● **WHAT YOU ARE ASKED TO DO**: Each line from the one containing "Technical Information" to the end of the entries is to be repeated exactly, and no other line.

● **Items listed in a dataset**:
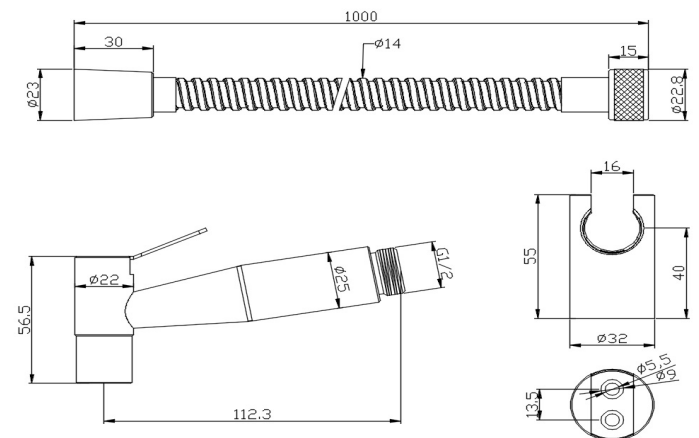

IX304 BIDET SPRAY KIT 1000 HOSE SS

AQF-SHA-IX304-A-SS

Specifications

Range	AQUAFLEX
Product code	AQF-SHA-IX304-A-SS
Finish/Colour	BRUSHED STAINLESS ST
Product type	BIDET SPRAY
Material	STAINLESS STEEL
Connection Size	1/2"
Test Range	0.2-5 Bar
Min. Operating Pressure	1.0 BAR MP

Flow Rate Graph

TECHNICAL DATASHEET

Technical Information

BIDET SPRAY KIT
SHATTAFF SHOWER IN S/STEEL
WITH WALL BRACKET
WITH DOUBLE INTERLOCK BRASS HOSE 1000 MM
RECOMMENDED TO USE WITH FLOW LIMITER:-
AQP-ECO-590-NB

Drawing

Box contents: BIDET SPRAY, FLEXIBLE HOSE, WALL BRACKET

● **RESPONSE FOR THIS EXERCISE**:
Technical Information

BIDET SPRAY KIT
SHATTAFF SHOWER IN S/STEEL
WITH WALL BRACKET
WITH DOUBLE INTERLOCK BRASS HOSE 1000 MM
RECOMMENDED TO USE WITH FLOW LIMITER:-
AQP-ECO-590-NB

Drawing

Box contents: BIDET SPRAY, FLEXIBLE HOSE, WALL BRACKET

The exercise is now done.